RECORD SET
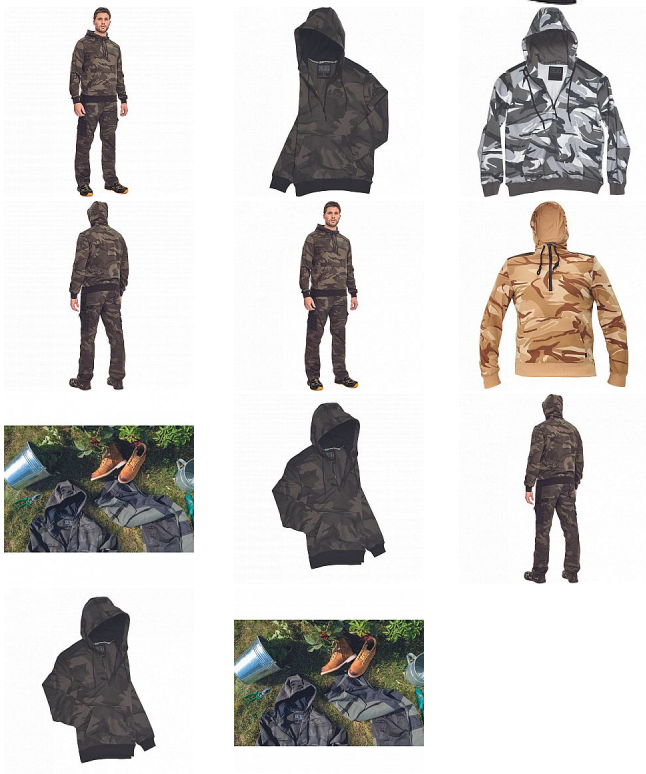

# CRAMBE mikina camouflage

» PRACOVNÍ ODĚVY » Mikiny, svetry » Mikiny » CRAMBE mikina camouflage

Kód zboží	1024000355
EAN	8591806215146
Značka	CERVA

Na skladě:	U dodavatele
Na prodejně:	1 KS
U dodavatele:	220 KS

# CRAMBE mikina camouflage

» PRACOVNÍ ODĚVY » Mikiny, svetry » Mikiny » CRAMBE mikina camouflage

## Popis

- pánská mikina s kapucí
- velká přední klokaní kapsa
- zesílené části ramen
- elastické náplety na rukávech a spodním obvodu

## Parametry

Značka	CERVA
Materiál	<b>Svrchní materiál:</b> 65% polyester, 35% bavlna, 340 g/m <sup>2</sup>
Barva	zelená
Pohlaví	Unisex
--
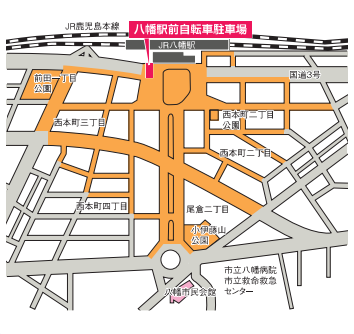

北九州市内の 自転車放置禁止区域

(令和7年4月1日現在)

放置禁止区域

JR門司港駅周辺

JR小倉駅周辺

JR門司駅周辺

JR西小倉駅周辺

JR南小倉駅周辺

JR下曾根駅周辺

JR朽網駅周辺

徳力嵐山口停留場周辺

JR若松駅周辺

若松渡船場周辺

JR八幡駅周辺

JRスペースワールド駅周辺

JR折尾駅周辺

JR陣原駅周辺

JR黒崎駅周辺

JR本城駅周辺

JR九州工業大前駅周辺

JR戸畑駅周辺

ASSIGNMENT
Where does "dodavatele" occur in the data? Copy each line that has it.

RESPONSE TO THE EXERCISE
Na skladě:	U dodavatele
U dodavatele:	220 KS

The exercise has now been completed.